# Dogfish Head 90 minute IPA



## ShawnBC (Feb 28, 2011)

Since these aren't available in Canada, the day before yesterday I drove down to Vermont to get my hand on a 4-pack of these; everyone I've heard talking about this beer have always been really impressed and liked it a lot!

So I decided I needed to taste it too! Now I'm going to sleep because I just got home from my graveyard shift, but when I'll wake up tonight I'll enjoy my first Dogfish Head!

Next time I drive down to the US to get me some not-available-in-Canada beers, what do you recommend I try?

Thanks!


----------



## Max_Power (Sep 9, 2010)

If you're driving to VT and you like IPAs, look for Heady Topper. It comes in king cans and I hear its amazing.


----------



## TonyBrooklyn (Jan 28, 2010)

If you like IPA craft beers try Maharaja IPA excellent!

http://beeradvocate.com/beer/profile/30/22352

Oh and if your in Brooklyn great event for a great cause check it out i go every year!

http://beerforbeasts.com/


----------



## HIM (Sep 12, 2012)

I'd say it depends what you like and what you can or can't get where your at. The 90 min has more residual sugar than the 60 min so its on the sweet side as far as IPAs go. I'd grab some 60 min to try, its crisper and more hop forward. Heady Topper is supposed to be really good and the Alchemist brewery is in Vermont so you can probably get their other great beers too. Hoptical Illusion from Blue Point, Bells Two Hearted Ale(Bells is in Kalamazoo so you may already have access to it), Tröegs Nugget Nectar, Smuttynose IPA, almost anything from Victory. Redhook has a 2nd brewery in NH where they also brew stuff for Widmer Brothers and Kona so you could probably find those in Vermont. 

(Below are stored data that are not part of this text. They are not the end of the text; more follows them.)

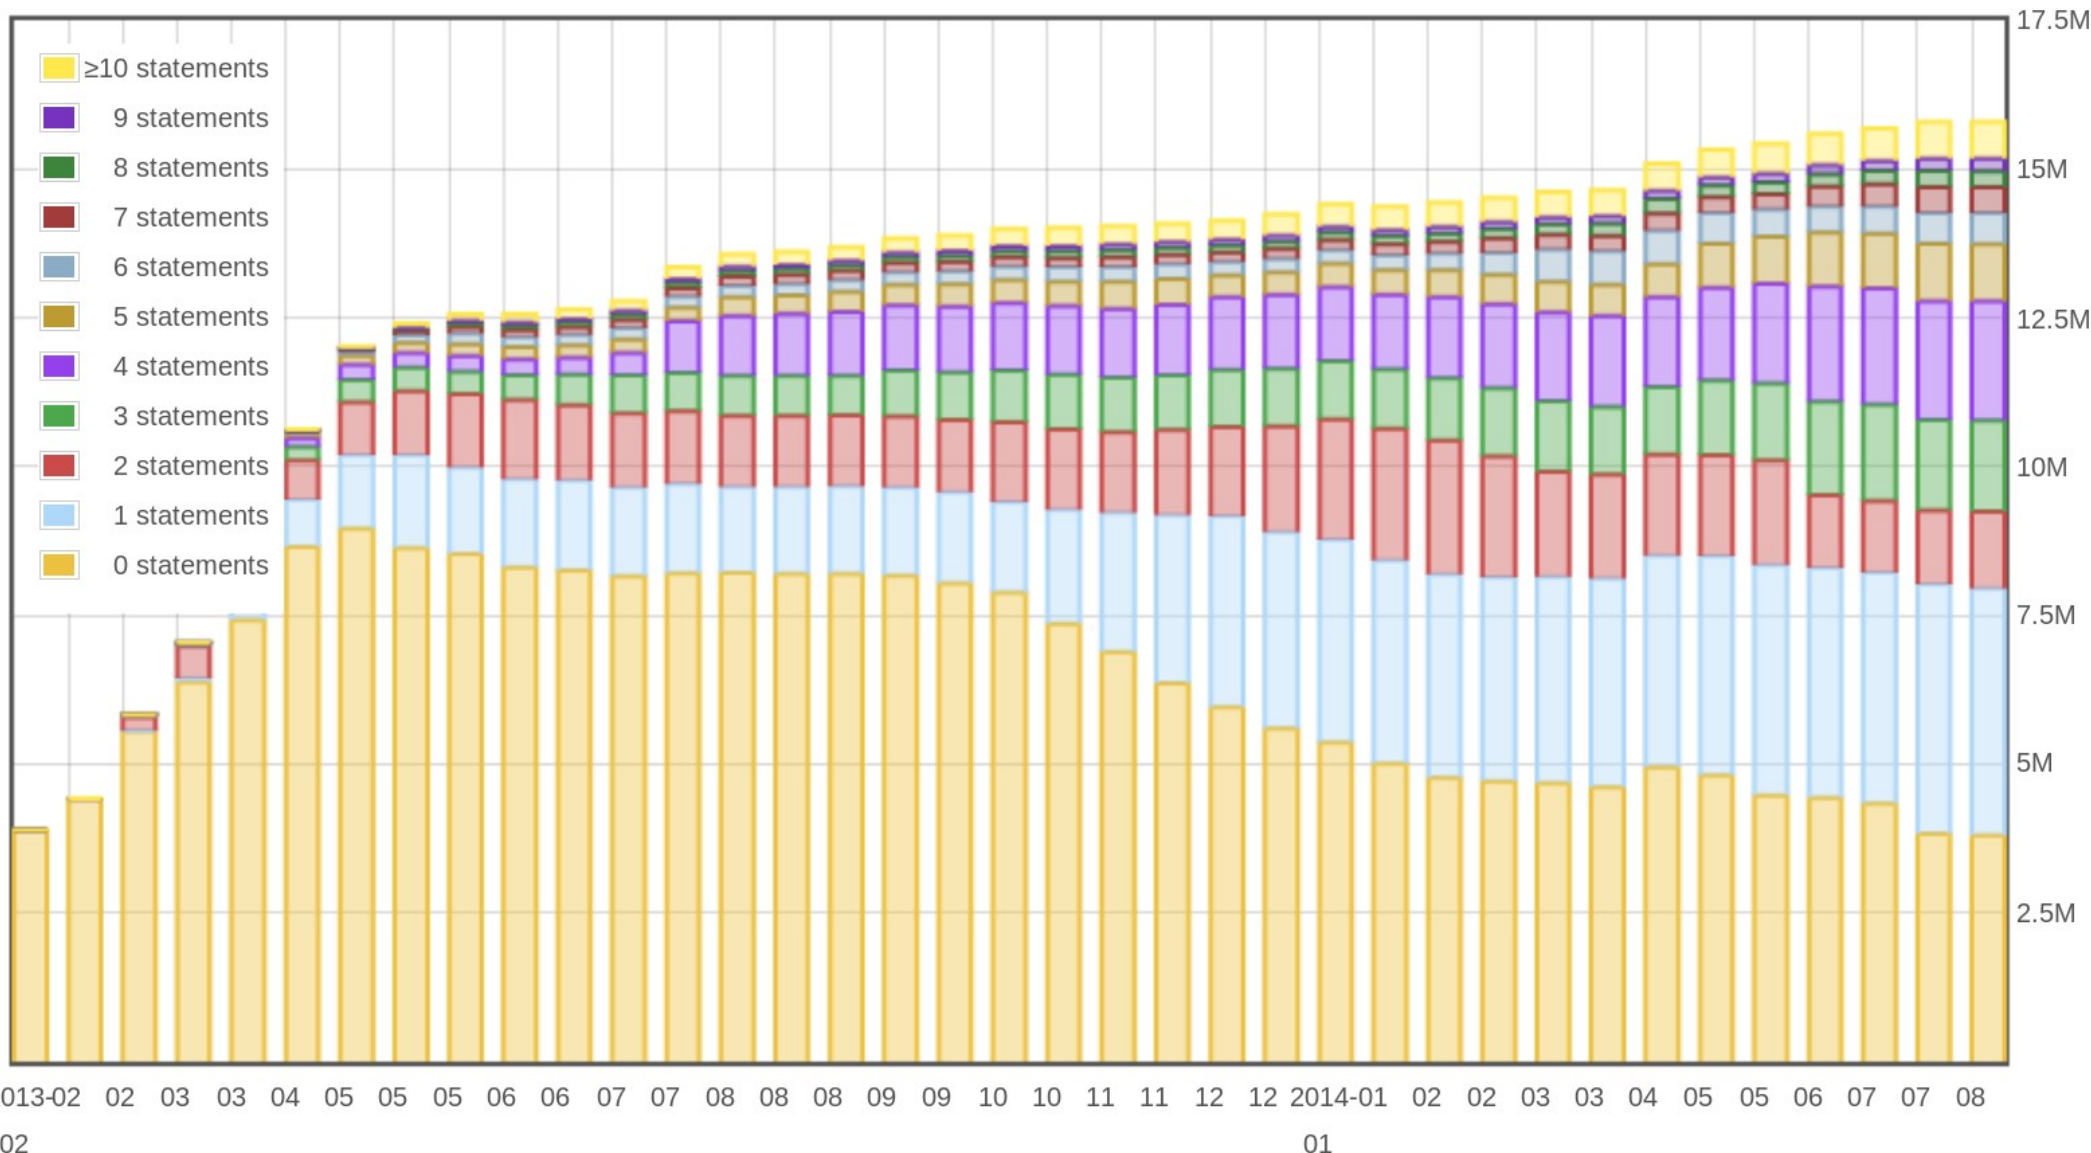

Swedish Antarctic Expedition
16 Oct 1901 - 1904

Nimrod Expedition
11 Aug 1907 - 29 Mar 1909

Terra Nova Expedition
15 Jun 1910 - 1912

Austr Antarctic Expedition
2 Dec 1911

1897 1898 1899 1900 1901 1902 1903 1904 1905 1906 1907 1908 1909 1910 1911 1912

Background image source: US Marines Corp, by Claudio A. Martinez

Font: Bad Script by Roman Shchyuk

Created by Denny Vrandečić, April 2014

14,132

Jun 13 — Jun 14 -9.73%
May 14 — Jun 14 -12.20%

New Editors Per Month for All Wikimedia Projects

If you mention more about what styles you like I could recommend you a solid list.


----------



## ShawnBC (Feb 28, 2011)

I don't have any personal favorite beer styles for now, I'm just trying to expand my horizons!  Always open for suggestions!


----------



## HIM (Sep 12, 2012)

This should keep you busy lol......

Smuttynose

Baltic Porter
Rye IPA
Finest Kind IPA
Noonan Black IPA
Old Brown Dog Ale
Robust Porter

Dogfish Head

60 min IPA
120 min IPA - really becomes amazing with a lot of complexity after 2 years aging
Burton Baton IPA
Festina Peche - seasonal, its also a good introduction to sour beers
Immort Ale - another beer that gets better with age
Indian Brown Ale
Midas Touch
Miles Davis Bitches Brew - limited release
Olde School

The Alchemist

Heady Topper
Heretic

Bells - If you can find it, if I can get it here Id think they sell it near you too

Kalamazoo Stout
Two Hearted Ale
Black Note Stout
Expedition Stout
Hopslam IPA
Java Stout
Oatmeal Stout
The Oracle IIPA
Third Coast Old Ale Barleywine - Winter seasonal
Wild One - Brett beer

Troegs

Flying Mouflan Barleywine - spring seasonal
Troegenator Double Bock
Hopback Amber Ale
Nugget Nectar
Perpetual IPA

Widmer Brothers

Nelson Imperial IPA
Old Embalmer
Shaddock IPA

Kona

Toasted Coconut Brown Ale
Pipeline Porter
Koko Brown


----------



## Dazz (Dec 21, 2012)

Can you get 'Sleeping Giant IPA' ? its a great Aussie made indian pale ale. definitely worth a try if you can get them.

Cheers-
Dazz


----------



## MylesT (Feb 26, 2012)

Another vote for heady topper. Go visit the brewery, if you can, it in waterbury vt. Also keep an eye out for anything by lawsons finest liquids and hill farmstead. All 3 are only available in vt and only in a few shops, so you gotta call around, but it's worth it.


----------



## ShawnBC (Feb 28, 2011)

Thanks guys for all the suggestions!


----------



## philly121 (Nov 5, 2012)

Max_Power said:


> If you're driving to VT and you like IPAs, look for Heady Topper. It comes in king cans and I hear its amazing.


That's probably my favorite IPA. Its either that or Pliny the Elder which is really only available on the west coast. (In bottles anyway)

Look out for Ithaca Flower Power too!


----------